In certain embodiments, the threshold allelle frequency is greater than about five percent. In other embodiments, the threshold allelle frequency is greater than about ten percent. In still other embodiments, the threshold allelle frequency is in the range of about 1 percent to about 95 percent. In some embodiments, the polymorphisms are associated with metabolism of camptothecin, or a derivative thereof. In further embodiments, the camptothecin derivative is Topotecan or Irinotecan. In other embodiments, the camptothecin derivative is Irinotecan.

In some embodiments, the kit further comprises a drug. In other embodiments, the drug comprises camptothecin, or a camptothecin derivative. In certain embodiments, the camptothecin derivative is Topotecan or Irinotecan. In additional embodiments, the camptothecin derivative is Irinotecan.

In some embodiments, the present invention provides pharmacogenetic detection assay kits in which the pharmacogenetic detection kit members are capable of detecting polymorphisms related to more than one ethnic group and, in which the polymorphisms have a threshold allelle frequency.

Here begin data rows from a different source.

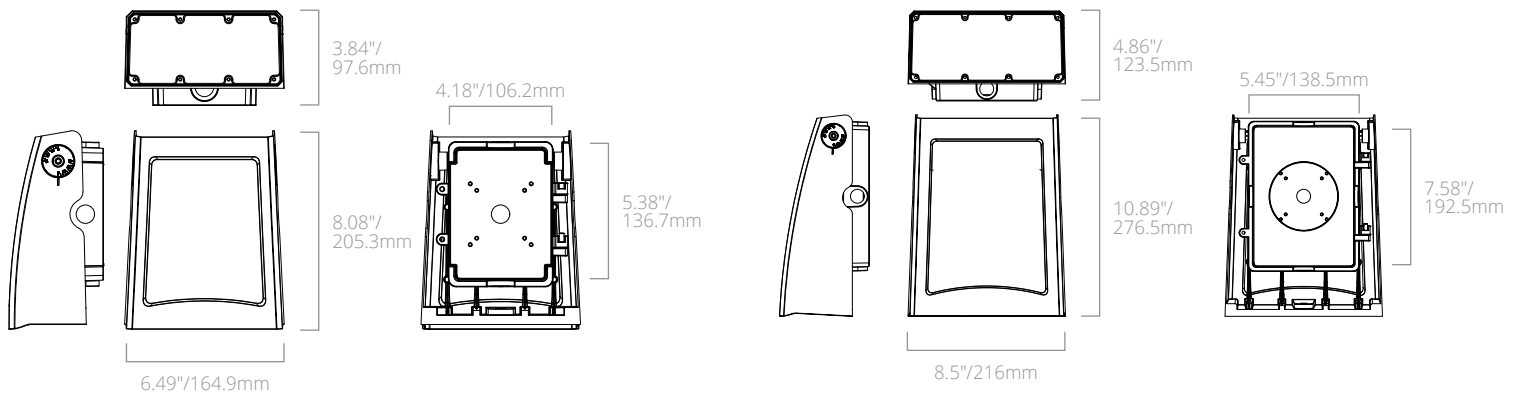

WALLPACK : FULL CUTOFF

DESCRIPTION

A stylish and slim adjustable wallpack featuring 130lpw efficiency and 0°-90° adjustability.

FEATURES

- 0°-90° adjustable
- Easy installation and maintenance

LISTINGS

- UL Listed for wet locations
- IP65 Rated
- DesignLights Consortium® Premium Qualified - meets the requirements for the highest DLC qualification for efficacy and lumen maintenance

ORDERING INFORMATION

EXAMPLE: WPA-156-12W-740-UD-BZ

Model	Lumens	Watts	CRI/CCT	Voltage	Dimming	Finish
WPA : Adjustable Wallpack	156 - 1,560 lm	12W - 12W	740 - 70 CRI; 4000K 750 - 70 CRI; 5000K	U - 120-277V	D - 0-10V Dimming	BZ - Bronze
	455 - 4,550 lm	35W - 35W				
	650 - 6,500 lm	50W - 50W				
	975 - 9,750 lm	75W - 75W				

DIMENSIONS

12W/35W

50W/75W

12W

35W

50W

75W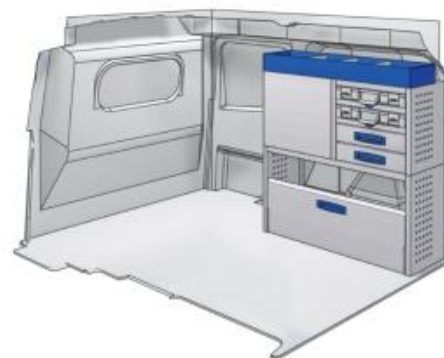

(wheel base: 2697mm)

57-1-151-00

L 1014mm **D** 1085mm **D** 360mm **B** 60kg

Gold Line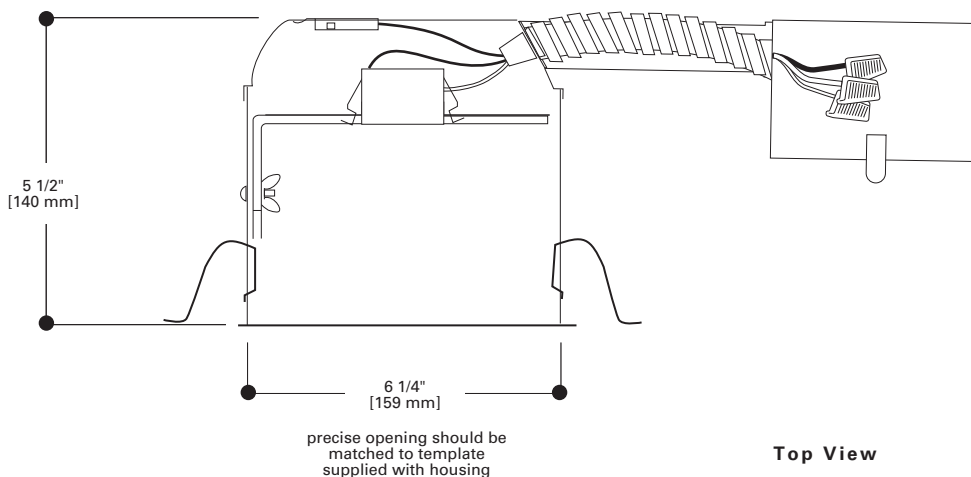

F...Remodel Clips

Four remodel clips secure housing and accommodate 1/2" and 5/8" ceiling material.

G..."Quick Connect" Connectors

Three "Quick Connect" connectors eliminate need for separate wire nuts - simply strip supply wires and push in

H27RICAT

6" Insulated Ceiling Recessed Remodel Housing

6" TRIMS

FOR USE IN INSULATED CEILINGS

FOR USE IN EXISTING CEILINGS

FOR INSTALLATION FROM BELOW THE FINISHED CEILING

FOR USE IN SHALLOW CEILINGS

Top View

ADJUSTABLES

Eyeball = 30° Tilt
75W PAR30
 74P=White Eyeball
 OD: 8" (203mm)

Eyeball = 30° Tilt
50W R20, 50W PAR20
 77P=White Eyeball
 OD: 8" (203mm)

Eyeball - 30° Tilt
75W R30, 75W PAR30L
 78P=White Eyeball
 78SL=Silver
 78B=Brass Eyeball
 78PB=Polished Brass Eyeball
 78PAT=Polished Brass Eyeball
 78SN=Satin Nickel
 78TBZ=Tuscan Bronze
 78AC=Antique Copper
 OD: 8" (203mm)

OPEN

Open
60W BR30, 75W PAR30
 300P=White Open
 OD: 7 1/4" (184mm)

White Splay Trim
65W BR30, 75W PAR30L, 50W PAR30
 328P=White Splay
 OD: 7 3/4" (197mm)

LENS

Albalite Lens with Reflector Cone
40W A19
 170P=Albalite Flat Lens
 170PS=Albalite Flat Lens Shower Light
 OD: 7 1/4" (184mm)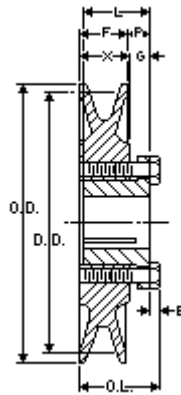

## Browning BK55H

Bushed Classical Gripbelt Sheave, 4L or A, 5L or B Belt, 1 Groove, Uses H Bushing

<b>Product Type:</b>	Classical Gripbelt Sheave
<b>Type of Belt:</b>	4L or A, 5L or B
<b>Number of Grooves:</b>	1
<b>Type of Bore:</b>	Bushed
<b>Bore (Min):</b>	3/8
<b>Bore (Max):</b>	1 1/2

*Images may not be an exact representation of the product*

Part No	Description	PD (A)	DD (A)	PD (B)	DD (B)	E
1042472	BK55H	4.7	4.5	5.2	4.9	5/32
<b>F</b>	<b>G</b>	<b>L</b>	<b>P</b>	<b>OD</b>	<b>OL</b>	<b>X</b>
7/8	15/32	1 9/32	15/32	5.25	1 1/2	7/8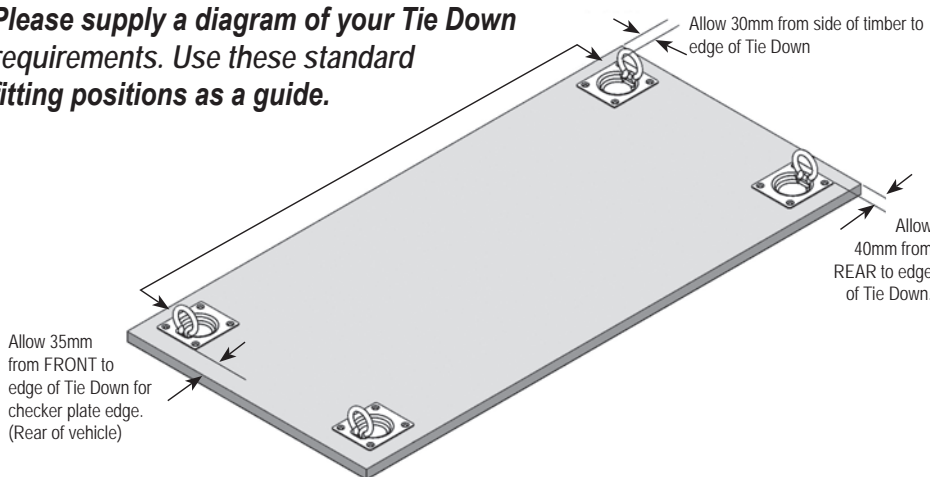

TIE DOWN POINTS – STANDARD POSITIONS

Please supply a diagram of your Tie Down requirements. Use these standard fitting positions as a guide.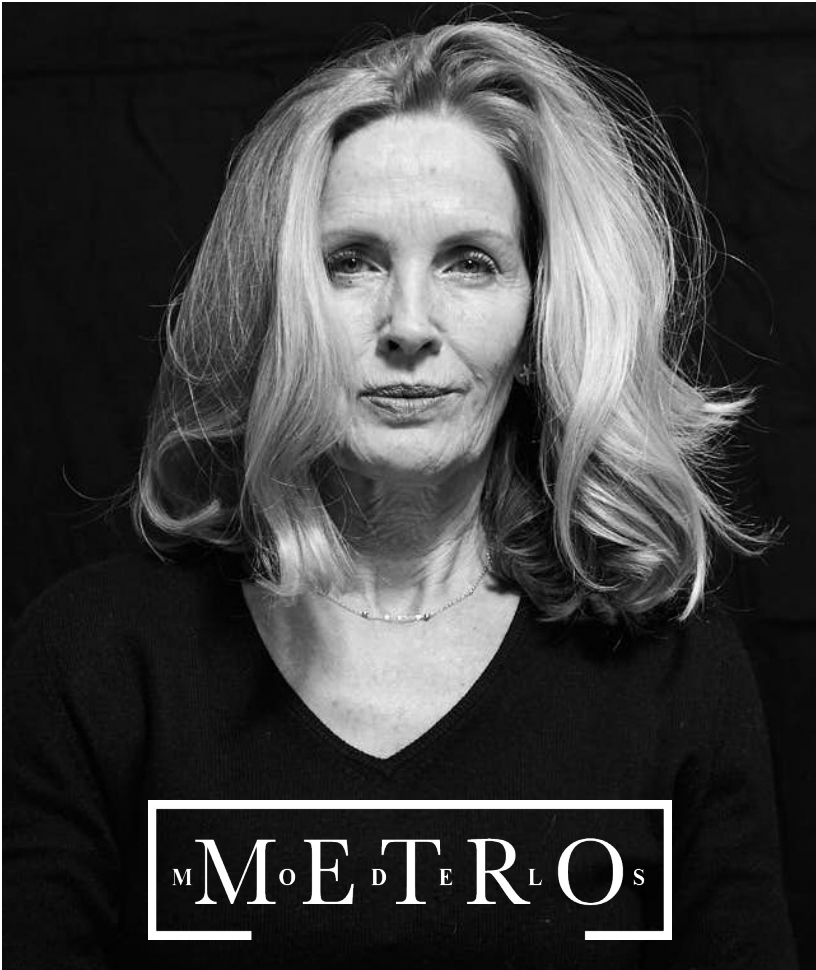

SABINE JOST

M M O E D T E R L O S

SABINE JOST

Height 180 Bust 90 Waist 70 Hips 96.5 Shoes 41 Hair Blond Eyes Blue green

In some embodiments, the present invention provides methods for detecting polymorphisms in a uridine diphosphate glucuronosyl transferase (UGT) gene promoter comprising determining the presence or absence of at least five or greater (TA) repeats in the promoter with a non-amplified oligonucleotide detection assay. In certain embodiments, the methods comprise the steps of (a) obtaining DNA or RNA from an individual; and, (b) determining the number of TA repeats in the promoter. In particular embodiments, the promoter is the UGT1A1 promoter. In certain embodiments, the method further comprises amplifying DNA other than all or part of the UGT1A1 promoter DNA in a multiplexed amplification step. In particular embodiments, the promoter has a genotype selected from the group consisting of [TA]5/[TA]5, [TA]5/[TA]6, [TA]5/[TA]7, [TA]5/[TA]8, [TA]6/[TA]8, [TA]7/[TA]8 and [TA]8/[TA]8.

In certain embodiments, the present invention provides methods for optimizing drug dosages for a patient wherein the drugs are glucuronidated by a uridine diphosphate glucuronosyltransferase (UGT), determining the number of thymidine-adenine (TA) repeats in a promoter of the UGT gene by a non-amplified oligonucleotide detection assay, and up or down dosing the patient based upon the determination. In some embodiments, the non-amplified oligonucleotide detection assay is capable of detecting polymorphisms prevalent above a threshold allele frequency in more than one ethnic group. In additional embodiments, the threshold allelle frequency is greater than about one percent. In other embodiments, the threshold allelle frequency is greater than about three percent. In further embodiments, the threshold allelle frequency is greater than about five percent. In other embodiments, the threshold allelle frequency is greater than about ten percent. In some embodiments, the threshold allelle frequency is in the range of about 1 percent to about 95 percent.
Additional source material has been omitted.